CVE-2026-50892 is a vulnerability in Nginx Proxy Manager version 2.14.0 where the certificate download API endpoint improperly exposes private TLS key material.

An authenticated user with certificate read access can exploit this by sending a crafted GET request to the endpoint GET /api/nginx/certificates/:certificate_id/download.

Instead of restricting the download to only public certificate or chain files, the backend packages files from the live certificate directory including the private key file (privkey.pem) in a ZIP archive.

This incorrect access control allows attackers to obtain sensitive private key material that should not be exposed.

Impact Analysis

The vulnerability allows an attacker with certificate read access to obtain the private TLS key material.

With access to the private key, an attacker can impersonate the TLS endpoint, potentially intercepting or decrypting secure communications.

This compromises the confidentiality and integrity of encrypted traffic and requires immediate key rotation for affected certificates to restore security.

Detection Guidance

This vulnerability can be detected by checking if the vulnerable endpoint is accessible and returns private key material. Specifically, an authenticated user with certificate read access can send a crafted GET request to the endpoint /api/nginx/certificates/:certificate_id/download.
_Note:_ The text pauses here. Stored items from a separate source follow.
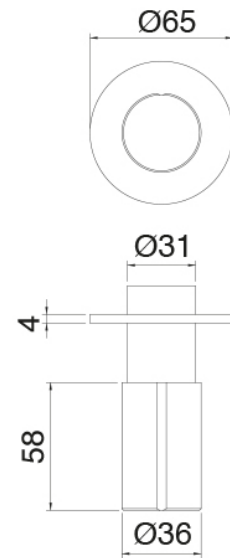

Modern - Built-in shower set

Codice kit: 3301 UDI-110

Traditional built-in thermostatic shower set with horizontal tubular revolving showerhead and hand shower

Componenti

Concealed part

Cod: 3300B120A00

Vertical/Horizontal tubular wall-mounted showerhead - Built-in part

Revolving showerhead

Cod: 3300SO04A00

Horizontal tubular revolving wall-mounted showerhead

Concealed part

Cod: 33000802A00

2-way concealed thermostatic mixer - concealed parts

In-line concealed valves

Cod: 3301Y407AA0

In-line concealed valves - external parts

Thermostatic mixer

Cod: 3301T550AA0

Concealed thermostatic mixer - external parts

Hand shower

Cod: 3300Q419A00

Handshower set, with handshower, water outlet and support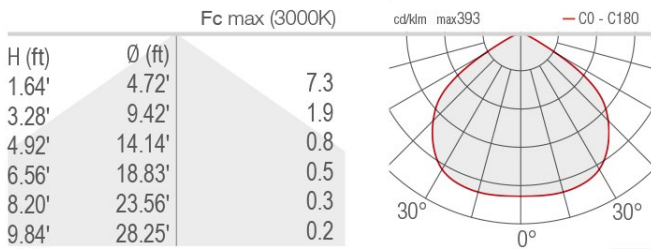

SUGGESTED POWER SUPPLIES

24VDC

Part Number	Description	Input/Output	# of Fixtures
PPLT00128	Non-Dim	120VAC to 24VDC, 6W, Class 2	1-4
PPLT00275	Non-Dim	120-277VAC to 24VDC, 12W, Class 2	1-9
PPLT00632	0-10V Dimming (Dim to Off)	120-277VAC to 24VDC, 12W, Class 2	1-9
PPLT00056	Non-Dim	120-277AC to 24VDC, 26W, Class 2	1-20
PPLT00543	0-10V Dimming to 15% (-40°C / -40°F cold weather start)	120-277VAC to 24VDC, 100W, Class 2	10-80

For other power supply options consult factory.

PHOTOMETRIC DATA

Note all Photometry is 3000K

D - Diffuse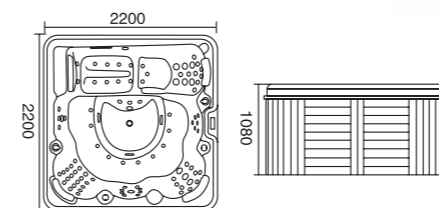

WLS-8005
2200x2200x1080mm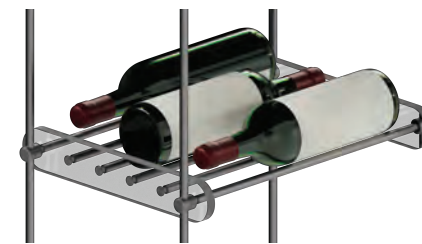

**DETAIL:**

**ELEVATION**

**COMPONENT LIST:**

**NOTES:**

- A** 10mm Diameter Rod Suspension System for Ceiling-to-Countertop Mounting Installations – this configuration includes a set of 1.5M (4' 11-1/16") and 0.5M (1' 7-11/16") long threaded rods that can be joined to span up to 2.0M (6' 5-3/4") in height. Rods can be adjusted or shortened on-site during installation. Standard stainless steel rods with M6 threads can be purchased separately, allowing this display to be transformed into a ceiling-to-floor configuration.
- B** Specially designed cradle shelves are available for use with Standard Bordeaux Wine Bottles (750mL; 292 x 75mm). The overall shelf size is approximately 15" wide x 12" deep and can accommodate one to three bottles each.
- C** The shelves are attached to the rods using RR103/SS supports and securely locked into the desired position with set screws, using the supplied hex key.

**Hardware Finish:** All fixings, components supplied in stainless steel finish.

This wine rack display features 12" x 15" acrylic shelves with a three-bottle depth, elegantly suspended using 10mm stainless steel rod display system. Designed for ceiling-to-countertop installations, it combines sleek acrylic and durable stainless steel components to create a modern, space-efficient solution for showcasing your wine collection.

**Wall Display Concept**

**ID: DC3301**

**Title:** Wine-Cellar Display

**Description:** This wine rack display features 12" x 15" acrylic shelves with a three-bottle depth, elegantly suspended using 10mm stainless steel rod display system.

**Display Size:**  
78"H x 110"W

**Wall/Counter Size Requirements:**  
10 FT (120 IN) Wide

**Display Hardware:**  
Rod Display System

**Classification:**  
Suspended wine bottle display ideas  
Suspended wine racks concepts  
Wine bottle display showcase  
Wine bottle display concepts  
Wine racks display solutions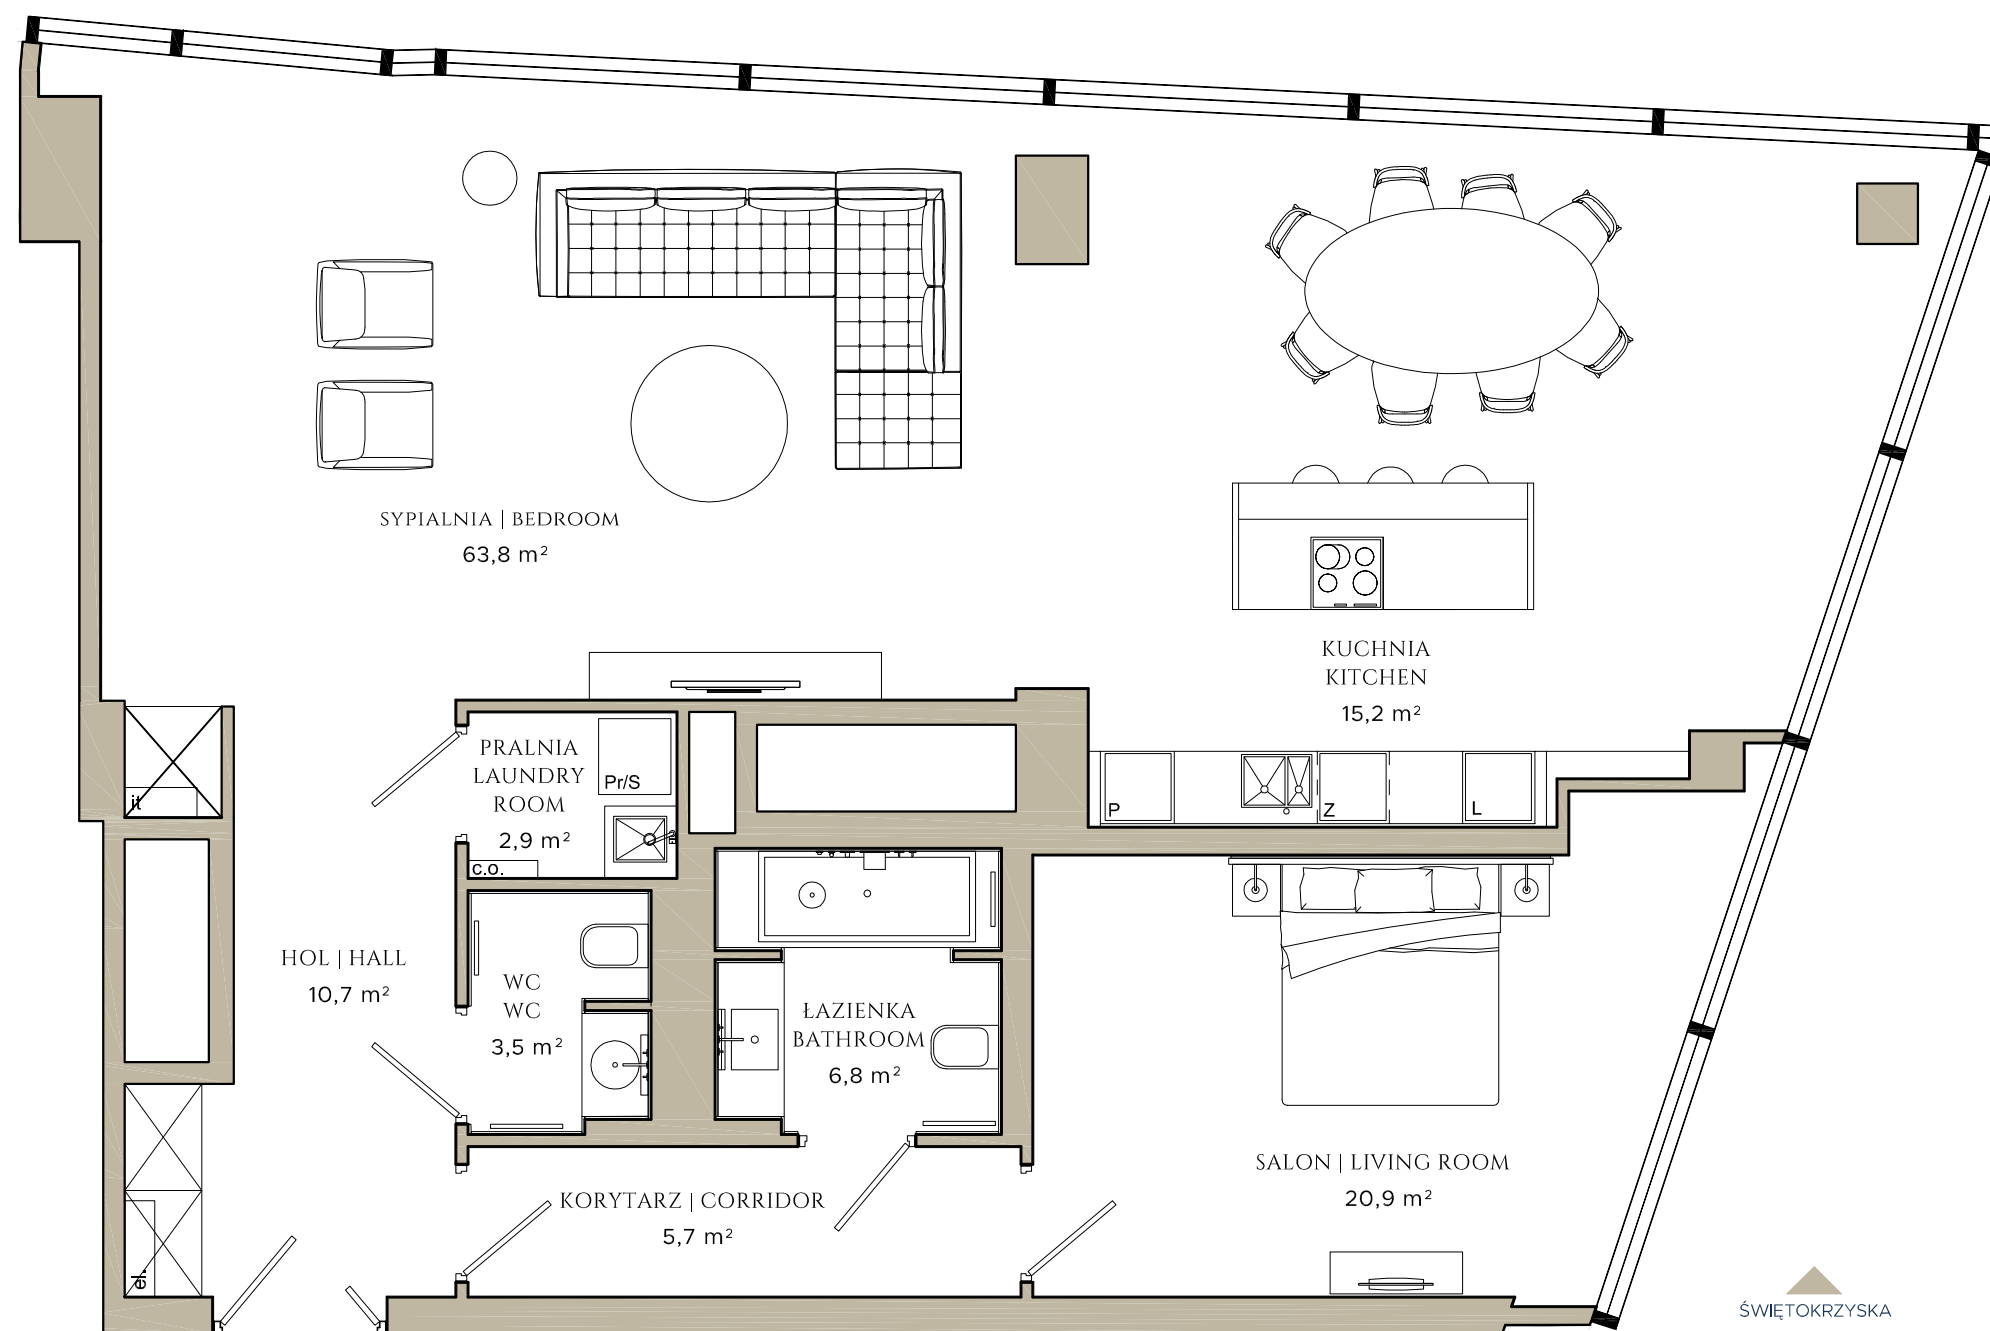

No. 44

LUXURY RENTALS
AT ŻŁOTA 44

ARCHITEKTURA / ARCHITECTURE:
DANIEL LIBESKIND
WNĘTRZA / INTERIORS:
WOODS BAGOT

APARTAMENT | APARTMENT

194

PIĘTRO 19
129.5 m²

2 POKOJE
1 SYPIALNIA + SALON

19th FLOOR
129.5 m²

2 ROOMS
1 BEDROOM + LIVING ROOM

www.no44.pl

0 1 2 3 4 5
metry / meters

A suggested command to test this would be using curl with authentication to attempt downloading the certificate archive:

  • curl -u <username>:<password> -X GET https://<nginx-proxy-manager-host>/api/nginx/certificates/<certificate_id>/download -o cert.zip

If the downloaded ZIP archive contains the private key file (privkey.pem), the system is vulnerable.

Mitigation Strategies

Immediate mitigation steps include restricting access to the certificate download endpoint to prevent unauthorized or unnecessary certificate downloads.

Additionally, affected certificates should be considered compromised and require key rotation to prevent impersonation of the TLS endpoint.

Updating or patching Nginx Proxy Manager to a version that fixes this access control issue is also recommended once available.

Compliance Impact

The vulnerability in Nginx Proxy Manager v2.14.0 allows authenticated attackers to obtain private TLS key material, which can lead to unauthorized access and impersonation of TLS endpoints.

Exposure of private key material can compromise the confidentiality and integrity of encrypted communications, potentially violating data protection requirements under standards like GDPR and HIPAA.

Such unauthorized access to sensitive cryptographic keys may require organizations to perform key rotation and incident response to maintain compliance with these regulations.